Of the four clubs that were not part of the official response, Langwarrin presented their own submission, Edithvale wanted to meet as a committee before responding, Pines was still determining its position and its understood Tyabb supports the recommendations.

AFL South East, despite making it publicly clear on a number of occasions that it would not make any further comment until after the July 3 deadline, released a ‘memo’ to clubs on Friday morning conceding that there have been “a lot of debate across the network” since the recommendations were handed down three weeks ago.

“The Commission encourages healthy debate and has been happy to engage with clubs, supporters, volunteers, coaches and players both in a formal and informal capacity,” AFL South East Region General Manager John Anderson said.

“In the body of the draft recommendations, there was a page summarising the findings of the one on one club consultation. Those findings ultimately formed the structure and the basis for the draft recommendations paper,” Anderson wrote.

Those findings included:

  • 7 Peninsula League clubs favoured a full divisional structure
  • 3 Peninsula League clubs favoured divisional structure only with Nepean League clubs
  • 2 Nepean League clubs favoured a full divisional structure
  • 5 Nepean League clubs would support a divisional structure but only with Peninsula League clubs

It is these findings that Frankston Bombers, Rosebud and Sorrento Football Clubs have publicly slammed.

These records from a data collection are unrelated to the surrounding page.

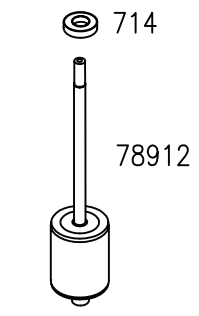

Зип Общежит

vsezip.ru

+7(812)987-08-81

Seite	Kreditor Artikel Nr.	IT
001	00001332	CAMPANA COMPLETA EMA/80
001	00000650	COPERCHIO TRAMOGGIA EMA/80 DIS.139
001	00000781	CAMPANA PLASTICA EMA/80-LUX
001	00000782	SUPP. MAGNETE TRAMOGGIA EMA/80
001	00000783	SUPPORTO CAMPANA EMA/80-LUX
001	00000822	SERRANDA EMA 80/EMA LUX
001	00000825	SCODELLINO EMA/80
001	00000847	TESTINA ALL. SUP. EMA/80-LUX
001	00000820	PERNO NYLON ELIC. REGO. EMA/80
001	00000816	ANELLO SEEGER FERRO MM10
001	00000845	FRONTALE ALL. EMA/80 - EMA/LUX
001	00080810	MASCHERINA MACINACAFFE' EMA/80-LUX
001	00000364	INTERRUTTORE LUMINOSO 230V
001	00000810	SEGNALATORE 27/F ROSSO 400V
001	00000809	PULSANTE PER MACINAD. AUTOM.
001	00000374	MANOPOLA REGOL. MACINATURA EMA/80
001	00000735	NASELLO PER CRICCO DX
001	00000737	NOTTOLINO DIS.382
001	00000738	MOLLA PER NASELLO A SPILLO
001	00000848	TELAIO IN ALLUMINIO
001	00000925	MICROINT. C/ROTELLA X SP/N
001	00085110	CAMICIA INOX EMA/80-LUX AUT.
001	00000815	SEMICOPERCHIO FISSO SE/N-EMA/75
001	00002558	ASS. COPERCHIO DOSAT. EMA/80
001	00000815	SEMICOPERCHIO FISSO SE/N-EMA/75
001	00000814	SEMICOPERCHIO MOBILE SE/N-EMA/75
001	00000721	PERNO REGOLAZIONE SE/N-EMA/75
001	00000729	SFERA DI FERMO DA 7/32'
001	00000725	SETTORE CROCIERA MACINACAFFE'
001	00000729	SFERA DI FERMO DA 7/32'
001	00000730	MOLLA PER SFERA SE/N - SERIE EMA
001	00000731	CROCERA CAVA SE/N-EMA/75
001	00000733	MOLLA REGOLAZIONE DOSATURA
001	00000704	VITE M8X12 SX FIX PORTA MACINE
001	00070611	VITE TPS 3/16" RIDOTTA
001	00001333	ANELLO COMP. X EMA/80-LUX
001	00000827	ALETTA PER DOSATORE EMA/80-LUX
001	00000833	MICROINT. ARRESTO X MACIN. AUT
001	00081311	ANELLO COP. DOS. AUTOMATICO
001	00000830	TUBO DOSATORE PLEX EMA/80-LUX
001	00000734	CROCERA NYLON INF. SE/N-EMA/75
001	00005140	TELERUTTORE 230V 50-60Hz
001	00079611	CORPO DOSAT. MAC. AUTO. DX
001	00075210	CRICCO ACC. X DOSATORE AUTO.
001	00000739	NOTTOLINO PER LEVA SE/N-EMA/75
001	00000740	MOLLA PER NOTTOLINO
001	00000741	MOLLA RITORNO LEVA MACINACAFFE'
001	00000742	LEVA DX DOSAT. SE/N EMA/75
001	00000743	AMMORTIZZATORE GOMMA mm20x8
001	00000744	FONDELLO DOSATORE SE/N-EMA/75
001	00000166	CONDENSATORE 10 æF CON CODOLO
001	00000747	CONTACOLPI C/LEVA SE
001	00000748	RONDELLA 5x20 ACC. ZINC. GREMB.
001	00000749	PERNO LEVA DOSATORE SE/N-EMA/75
001	00000761	FASCETTA CONDENSATORE SE/N
001	00000751	VITE CRICCO M4X25 TPS
001	00000849	BASE ALLUMINIO EMA/80-EMA/LUX
001	00000856	FASCETTA COPRIDOS. EMA/80-LUX
001	00000705	PIEDINO APPOGGIO MACINACAFFE'
001	00000858	FORCELLA PORTAF. EMA/80-EMA/LUX
001	00000801	RACCOGLITORE SOTTOFORCELLA EMA/80
001	00085010	FONDELLO BASE ALL. EMA/LUX
001	00000757	PIATTINO RACCOGLICAFFE' SE/N-EMA/75
001	00000826	RUOTA DENT. GHIERA EMA/80-LUX
001	00082911	GHIERA OTT. MM74 MA1400
001	00070112	COPPIA MACINE MM74
001	00070712	PORTAMACINE GIR. OTT. MM74 SE
001	00078811	TESTA MACINATURA M900 - EMA/LUX
001	00000714	CUSCINETTO 6202 ZZ mm15x35x11

In an email accompanying the official MPNFL response, Rosebud Football Club secretary Anthony Matthews stated that the review had not been undertaken in the best interests of the MPNFL collective and has been severely compromised by what we believe has clearly been a predetermined agenda set by AFL South East before the review process had even commenced.

At no stage has AFL South East brought together all 31 clubs to discuss the recommendations collectively. Nor have they brought together the MPNFL 22 Clubs to discuss the situation.

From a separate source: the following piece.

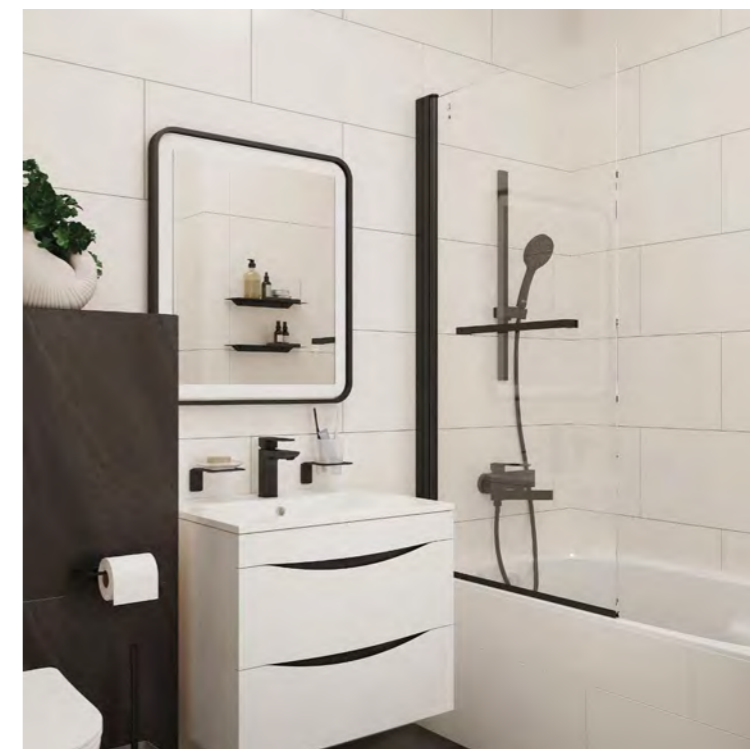

Slide

НОВАЯ КОЛЛЕКЦИЯ

Стеклянные шторки на ванну из коллекции Slide — изящное и невесомое решение для любой современной ванной, в том числе для самых компактных пространств. Шторки Slide выглядят эффектно и стильно, а благодаря своей эргономичной конструкции они отлично впишутся в интерьер.

Again, it has been a case of divide and conquer. One club president told MP News that he spent three and a half minutes talking about league structures some months ago. Not one club spoken to believes they ‘formally’ spoke with AFL South East regarding the competition structure or review.

So how do we possibly believe or take seriously the ‘findings’ of AFL South East through the informal fact finding mission at the beginning of the season.

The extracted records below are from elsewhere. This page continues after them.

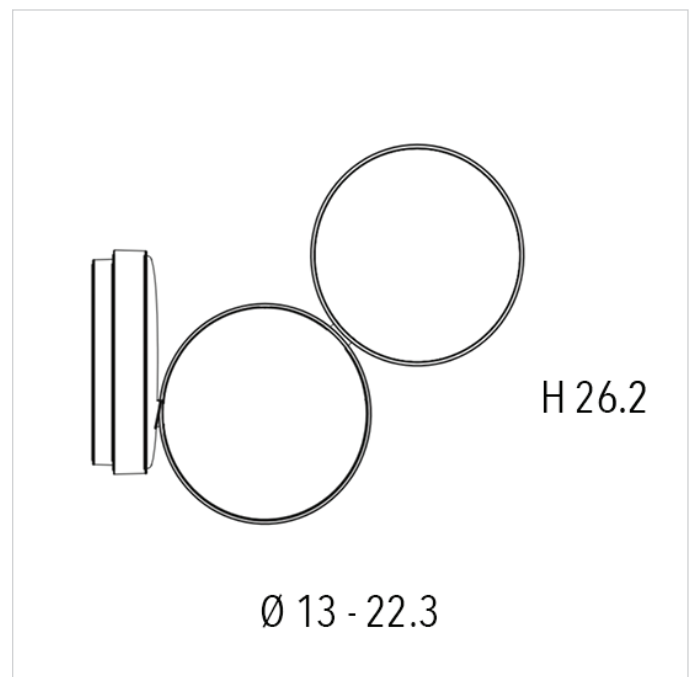

<b>Product name</b>	Optunia Wall
<b>Designer</b>	Claesson Koivisto Rune
<b>Manufacturer</b>	Fontana Arte
<b>Product code</b>	3-4377..
<b>Category</b>	Wall
<b>Material</b>	Glass   Metal
<b>Light source</b>	2x11W LED
<b>Lumens</b>	1384 + 1384
<b>Finishes</b>	Chrome Dark Brown White
<b>Dimensions</b>	Ø 13 - 22.3 x H 26.2 cm
<b>IP</b>	20
<b>Dimmable</b>	Yes
<b>Origin</b>	Italy
<b>Warranty</b>	1 year

John Anderson wrote himself to the clubs “the confidentiality of each individual club’s feedback is to be maintained and respected”.

Did AFL South East simply hear what they wanted to hear and present it as fact? Did the clubs really say this in their ‘informal’ discussions?

By show of hands at the meeting a fortnight ago, it was very clear to everyone in the room what the thoughts were of 20 of the 22 clubs present. It certainly didn’t reflect AFL South East’s findings.

Clubs were also concerned that the AFL South East memo directed clubs to respond via an online survey.

Anderson wrote; “it is of vital importance to note that all clubs have the chance to respond to the online survey. This formal response process will be the only consideration in the Commission’s decision-making process and we thank the number of clubs who have already completed this.

“While the Commission seeks clubs feedback on their preference between the 2 options, the online portal does provide the opportunity for clubs to provide further feedback and commentary in the designated boxes which the Commission will then consider,” Anderson wrote.

Matthews, speaking on behalf of a number of clubs, advised AFL South East “that we completely reject the direction that the online survey is the formal response process and is the only consideration in the Commission’s decision-making process.

“In particular, it is inappropriate that the online survey compels clubs to select which of Option 1 or Option 2 we prefer, when in fact we entirely reject both options,” Mathews said.

“It is this type of direction and correspondence from AFL South East that clearly demonstrates that they had a predetermined agenda before the review process had even started.

“The show of hands of 20 of the 22 MPNFL Clubs clearly demonstrates that we are not prepared to put up with it,” Matthews said.